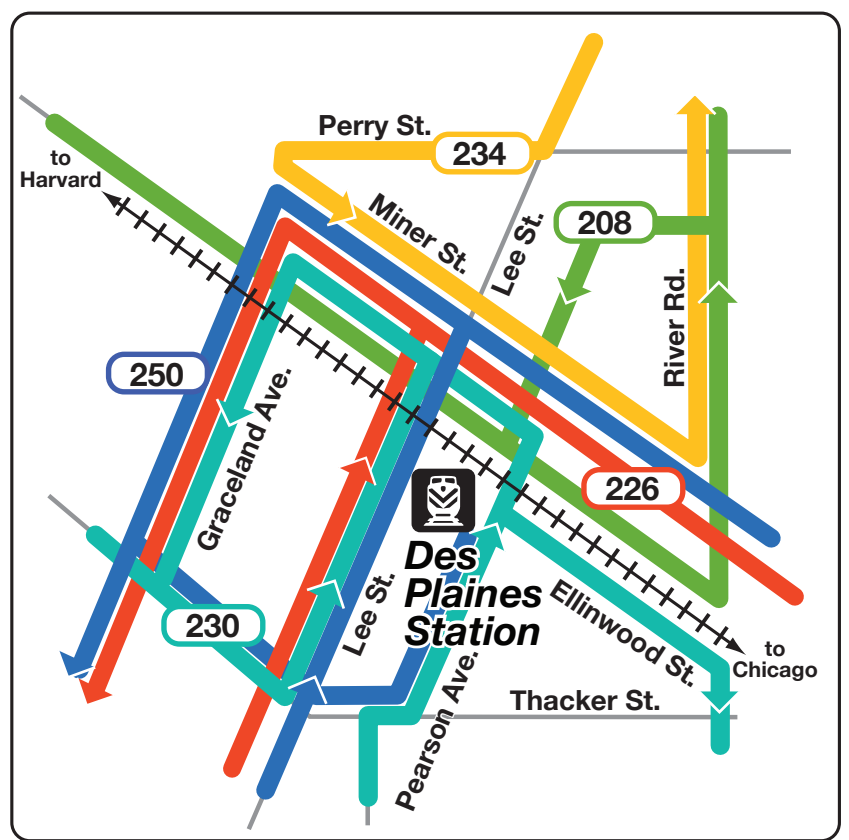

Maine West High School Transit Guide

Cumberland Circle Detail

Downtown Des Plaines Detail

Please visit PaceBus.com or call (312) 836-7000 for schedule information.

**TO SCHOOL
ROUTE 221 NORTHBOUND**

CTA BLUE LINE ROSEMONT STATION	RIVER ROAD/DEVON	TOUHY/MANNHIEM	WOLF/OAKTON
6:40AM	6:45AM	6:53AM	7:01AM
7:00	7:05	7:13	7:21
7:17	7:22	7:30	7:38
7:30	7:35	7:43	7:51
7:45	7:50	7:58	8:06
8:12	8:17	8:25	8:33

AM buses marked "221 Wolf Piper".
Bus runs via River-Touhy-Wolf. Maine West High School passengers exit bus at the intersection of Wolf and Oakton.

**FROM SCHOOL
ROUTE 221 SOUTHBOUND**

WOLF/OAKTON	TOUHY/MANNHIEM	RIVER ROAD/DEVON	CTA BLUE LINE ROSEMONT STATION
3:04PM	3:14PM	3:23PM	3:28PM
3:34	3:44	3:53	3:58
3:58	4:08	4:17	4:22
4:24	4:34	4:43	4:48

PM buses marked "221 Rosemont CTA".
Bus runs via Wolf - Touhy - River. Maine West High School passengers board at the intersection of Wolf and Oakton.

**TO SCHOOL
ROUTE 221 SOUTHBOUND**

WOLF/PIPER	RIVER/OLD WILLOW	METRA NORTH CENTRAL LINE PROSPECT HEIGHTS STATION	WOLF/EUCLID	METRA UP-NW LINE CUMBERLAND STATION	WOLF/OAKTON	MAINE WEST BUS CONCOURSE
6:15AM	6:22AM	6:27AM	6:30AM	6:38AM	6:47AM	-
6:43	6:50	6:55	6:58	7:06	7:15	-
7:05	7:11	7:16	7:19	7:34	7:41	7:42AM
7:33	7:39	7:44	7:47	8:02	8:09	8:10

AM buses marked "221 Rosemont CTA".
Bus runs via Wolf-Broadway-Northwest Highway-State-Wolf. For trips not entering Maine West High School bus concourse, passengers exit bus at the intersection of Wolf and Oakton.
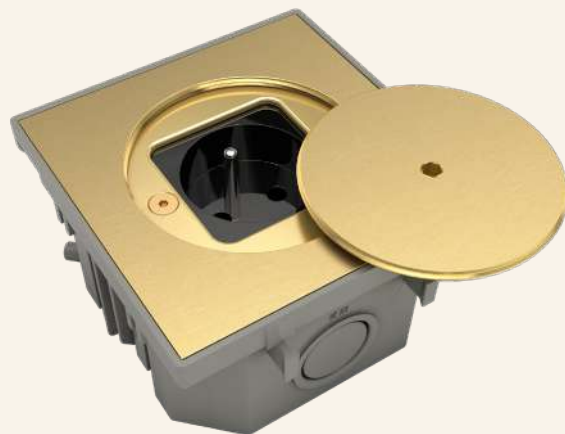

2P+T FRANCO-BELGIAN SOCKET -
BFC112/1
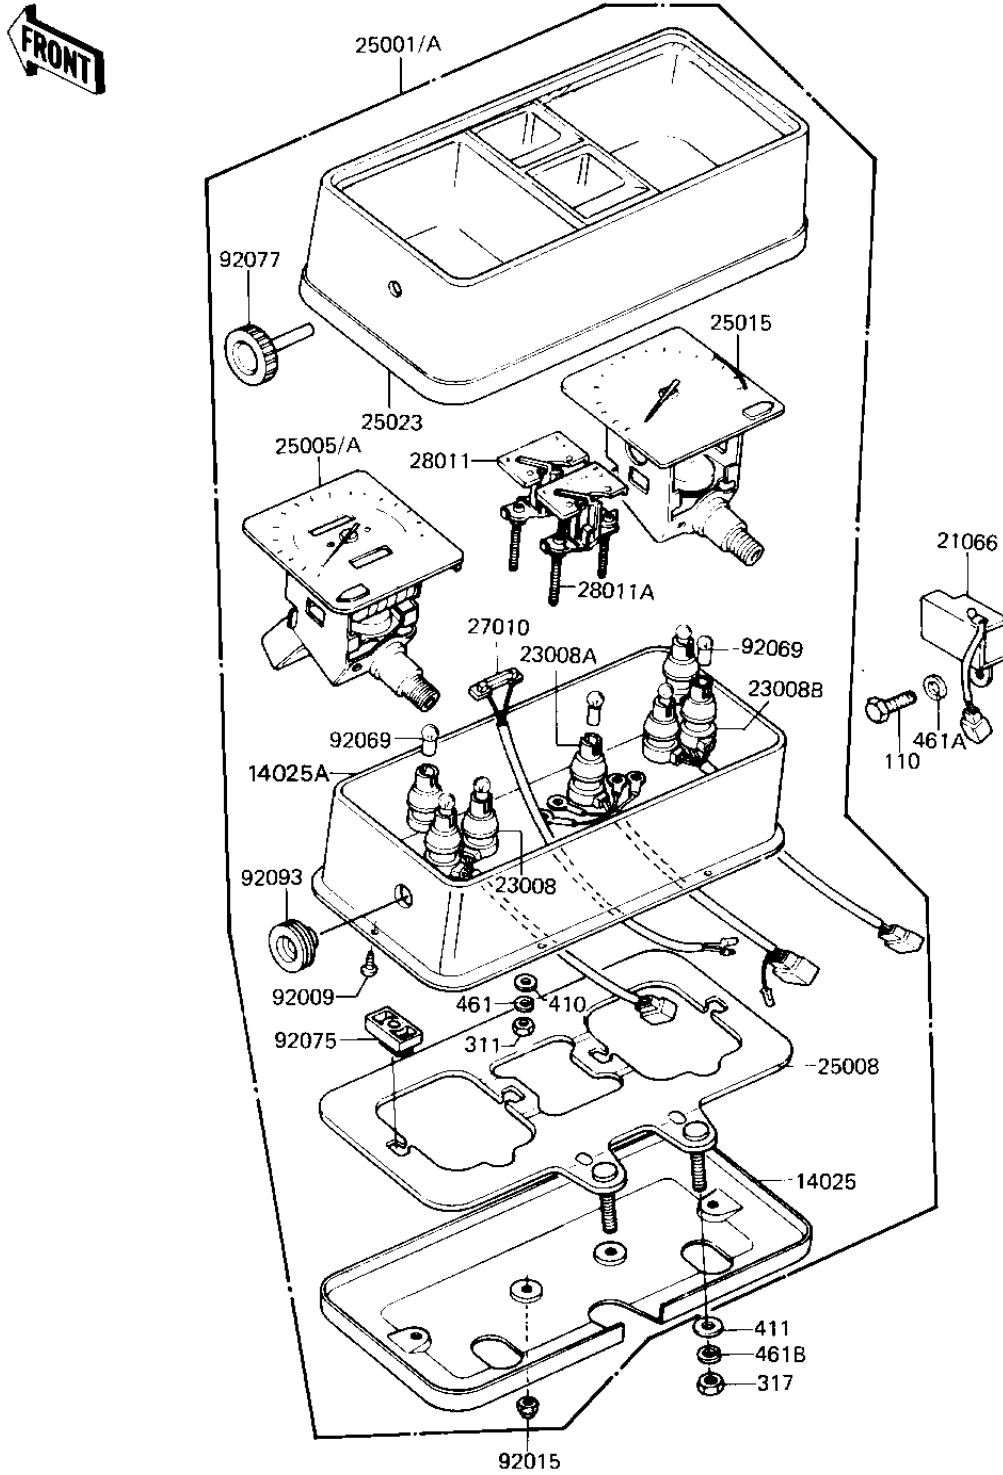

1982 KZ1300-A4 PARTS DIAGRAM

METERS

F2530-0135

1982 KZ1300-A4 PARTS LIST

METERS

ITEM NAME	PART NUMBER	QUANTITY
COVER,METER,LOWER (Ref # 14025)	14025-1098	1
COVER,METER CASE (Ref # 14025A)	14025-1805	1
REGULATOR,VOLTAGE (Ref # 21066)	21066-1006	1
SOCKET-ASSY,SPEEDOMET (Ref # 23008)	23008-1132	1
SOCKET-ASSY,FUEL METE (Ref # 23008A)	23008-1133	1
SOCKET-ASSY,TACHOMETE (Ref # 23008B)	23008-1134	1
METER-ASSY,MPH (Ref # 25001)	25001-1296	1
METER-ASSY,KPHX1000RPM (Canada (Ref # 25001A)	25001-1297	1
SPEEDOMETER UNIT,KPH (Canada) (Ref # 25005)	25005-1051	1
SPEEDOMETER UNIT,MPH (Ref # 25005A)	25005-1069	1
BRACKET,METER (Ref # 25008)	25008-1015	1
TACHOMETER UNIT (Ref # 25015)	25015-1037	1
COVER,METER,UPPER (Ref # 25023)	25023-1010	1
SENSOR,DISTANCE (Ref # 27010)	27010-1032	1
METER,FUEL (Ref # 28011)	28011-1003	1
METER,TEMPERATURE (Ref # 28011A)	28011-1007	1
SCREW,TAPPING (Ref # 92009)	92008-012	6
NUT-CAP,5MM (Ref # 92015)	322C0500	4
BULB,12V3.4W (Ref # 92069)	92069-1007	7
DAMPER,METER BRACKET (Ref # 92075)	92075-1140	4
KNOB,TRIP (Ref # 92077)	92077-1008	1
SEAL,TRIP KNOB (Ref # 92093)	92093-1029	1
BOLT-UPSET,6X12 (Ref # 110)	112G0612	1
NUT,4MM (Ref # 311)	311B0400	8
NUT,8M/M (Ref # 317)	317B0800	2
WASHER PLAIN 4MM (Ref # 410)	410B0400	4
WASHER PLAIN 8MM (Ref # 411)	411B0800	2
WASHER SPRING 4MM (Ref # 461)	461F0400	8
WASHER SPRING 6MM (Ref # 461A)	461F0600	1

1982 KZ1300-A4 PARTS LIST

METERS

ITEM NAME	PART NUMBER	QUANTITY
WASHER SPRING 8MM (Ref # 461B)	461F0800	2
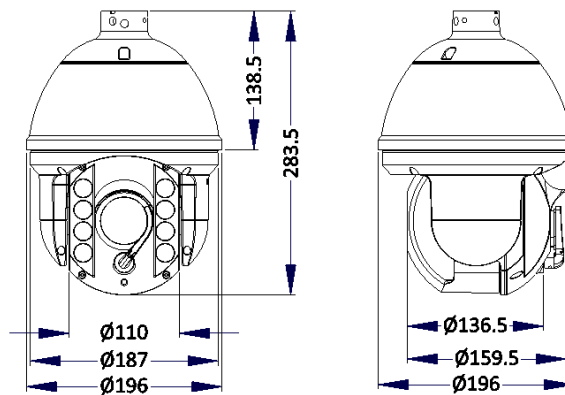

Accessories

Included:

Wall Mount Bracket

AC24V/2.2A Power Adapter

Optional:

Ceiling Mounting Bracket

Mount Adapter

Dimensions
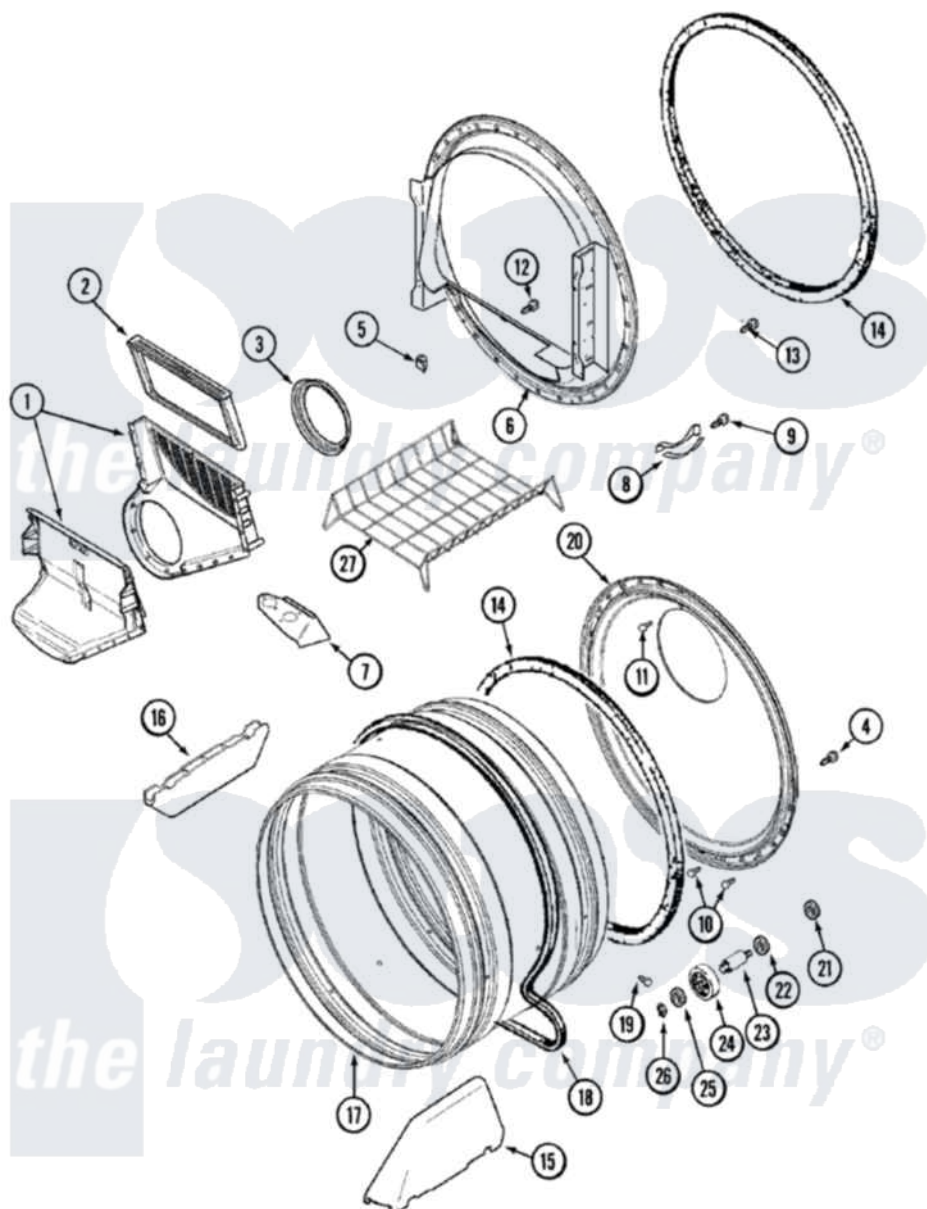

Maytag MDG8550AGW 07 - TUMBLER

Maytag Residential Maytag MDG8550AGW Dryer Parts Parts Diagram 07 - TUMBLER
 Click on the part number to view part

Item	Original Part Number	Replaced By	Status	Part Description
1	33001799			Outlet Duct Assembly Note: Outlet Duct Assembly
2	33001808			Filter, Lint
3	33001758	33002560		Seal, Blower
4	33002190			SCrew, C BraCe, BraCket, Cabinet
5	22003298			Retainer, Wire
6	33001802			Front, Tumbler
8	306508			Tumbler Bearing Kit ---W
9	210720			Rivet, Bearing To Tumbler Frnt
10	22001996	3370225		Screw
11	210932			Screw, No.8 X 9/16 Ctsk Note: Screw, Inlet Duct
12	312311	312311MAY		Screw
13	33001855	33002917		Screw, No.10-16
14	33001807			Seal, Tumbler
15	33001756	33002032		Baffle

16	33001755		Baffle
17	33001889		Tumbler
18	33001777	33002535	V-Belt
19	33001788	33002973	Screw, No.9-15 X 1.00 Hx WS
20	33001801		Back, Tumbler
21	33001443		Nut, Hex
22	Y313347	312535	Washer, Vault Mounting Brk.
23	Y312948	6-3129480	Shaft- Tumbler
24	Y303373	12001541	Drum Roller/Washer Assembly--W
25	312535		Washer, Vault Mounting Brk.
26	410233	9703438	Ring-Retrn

Aim of the task:
From the first line to the last, set down the records word for word and drop the images.

Solution below:
Maine West High School Transit Guide

Cumberland Circle Detail

Downtown Des Plaines Detail

Please visit PaceBus.com or call (312) 836-7000 for schedule information.

**TO SCHOOL
ROUTE 221 NORTHBOUND**

CTA BLUE LINE ROSEMONT STATION	RIVER ROAD/DEVON	TOUHY/MANNHIEM	WOLF/OAKTON
6:40AM	6:45AM	6:53AM	7:01AM
7:00	7:05	7:13	7:21
7:17	7:22	7:30	7:38
7:30	7:35	7:43	7:51
7:45	7:50	7:58	8:06
8:12	8:17	8:25	8:33

AM buses marked "221 Wolf Piper".
Bus runs via River-Touhy-Wolf. Maine West High School passengers exit bus at the intersection of Wolf and Oakton.

**FROM SCHOOL
ROUTE 221 SOUTHBOUND**

WOLF/OAKTON	TOUHY/MANNHIEM	RIVER ROAD/DEVON	CTA BLUE LINE ROSEMONT STATION
3:04PM	3:14PM	3:23PM	3:28PM
3:34	3:44	3:53	3:58
3:58	4:08	4:17	4:22
4:24	4:34	4:43	4:48

PM buses marked "221 Rosemont CTA".
Bus runs via Wolf - Touhy - River. Maine West High School passengers board at the intersection of Wolf and Oakton.

**TO SCHOOL
ROUTE 221 SOUTHBOUND**

WOLF/PIPER	RIVER/OLD WILLOW	METRA NORTH CENTRAL LINE PROSPECT HEIGHTS STATION	WOLF/EUCLID	METRA UP-NW LINE CUMBERLAND STATION	WOLF/OAKTON	MAINE WEST BUS CONCOURSE
6:15AM	6:22AM	6:27AM	6:30AM	6:38AM	6:47AM	-
6:43	6:50	6:55	6:58	7:06	7:15	-
7:05	7:11	7:16	7:19	7:34	7:41	7:42AM
7:33	7:39	7:44	7:47	8:02	8:09	8:10

AM buses marked "221 Rosemont CTA".
Bus runs via Wolf-Broadway-Northwest Highway-State-Wolf. For trips not entering Maine West High School bus concourse, passengers exit bus at the intersection of Wolf and Oakton.

2P+T FRANCO-BELGIAN SOCKET -
BFC112/1

1982 KZ1300-A4 PARTS DIAGRAM

METERS

F2530-0135

1982 KZ1300-A4 PARTS LIST

METERS

ITEM NAME	PART NUMBER	QUANTITY
COVER,METER,LOWER (Ref # 14025)	14025-1098	1
COVER,METER CASE (Ref # 14025A)	14025-1805	1
REGULATOR,VOLTAGE (Ref # 21066)	21066-1006	1
SOCKET-ASSY,SPEEDOMET (Ref # 23008)	23008-1132	1
SOCKET-ASSY,FUEL METE (Ref # 23008A)	23008-1133	1
SOCKET-ASSY,TACHOMETE (Ref # 23008B)	23008-1134	1
METER-ASSY,MPH (Ref # 25001)	25001-1296	1
METER-ASSY,KPHX1000RPM (Canada (Ref # 25001A)	25001-1297	1
SPEEDOMETER UNIT,KPH (Canada) (Ref # 25005)	25005-1051	1
SPEEDOMETER UNIT,MPH (Ref # 25005A)	25005-1069	1
BRACKET,METER (Ref # 25008)	25008-1015	1
TACHOMETER UNIT (Ref # 25015)	25015-1037	1
COVER,METER,UPPER (Ref # 25023)	25023-1010	1
SENSOR,DISTANCE (Ref # 27010)	27010-1032	1
METER,FUEL (Ref # 28011)	28011-1003	1
METER,TEMPERATURE (Ref # 28011A)	28011-1007	1
SCREW,TAPPING (Ref # 92009)	92008-012	6
NUT-CAP,5MM (Ref # 92015)	322C0500	4
BULB,12V3.4W (Ref # 92069)	92069-1007	7
DAMPER,METER BRACKET (Ref # 92075)	92075-1140	4
KNOB,TRIP (Ref # 92077)	92077-1008	1
SEAL,TRIP KNOB (Ref # 92093)	92093-1029	1
BOLT-UPSET,6X12 (Ref # 110)	112G0612	1
NUT,4MM (Ref # 311)	311B0400	8
NUT,8M/M (Ref # 317)	317B0800	2
WASHER PLAIN 4MM (Ref # 410)	410B0400	4
WASHER PLAIN 8MM (Ref # 411)	411B0800	2
WASHER SPRING 4MM (Ref # 461)	461F0400	8
WASHER SPRING 6MM (Ref # 461A)	461F0600	1

1982 KZ1300-A4 PARTS LIST

METERS

ITEM NAME	PART NUMBER	QUANTITY
WASHER SPRING 8MM (Ref # 461B)	461F0800	2

Accessories

Included:

Wall Mount Bracket

AC24V/2.2A Power Adapter

Optional:

Ceiling Mounting Bracket

Mount Adapter

Dimensions

Maytag MDG8550AGW 07 - TUMBLER

Maytag Residential Maytag MDG8550AGW Dryer Parts Parts Diagram 07 - TUMBLER
 Click on the part number to view part

Item	Original Part Number	Replaced By	Status	Part Description
1	33001799			Outlet Duct Assembly Note: Outlet Duct Assembly
2	33001808			Filter, Lint
3	33001758	33002560		Seal, Blower
4	33002190			SCrew, C BraCe, BraCket, Cabinet
5	22003298			Retainer, Wire
6	33001802			Front, Tumbler
8	306508			Tumbler Bearing Kit ---W
9	210720			Rivet, Bearing To Tumbler Frnt
10	22001996	3370225		Screw
11	210932			Screw, No.8 X 9/16 Ctsk Note: Screw, Inlet Duct
12	312311	312311MAY		Screw
13	33001855	33002917		Screw, No.10-16
14	33001807			Seal, Tumbler
15	33001756	33002032		Baffle

16	33001755		Baffle
17	33001889		Tumbler
18	33001777	33002535	V-Belt
19	33001788	33002973	Screw, No.9-15 X 1.00 Hx WS
20	33001801		Back, Tumbler
21	33001443		Nut, Hex
22	Y313347	312535	Washer, Vault Mounting Brk.
23	Y312948	6-3129480	Shaft- Tumbler
24	Y303373	12001541	Drum Roller/Washer Assembly--W
25	312535		Washer, Vault Mounting Brk.
26	410233	9703438	Ring-Retrn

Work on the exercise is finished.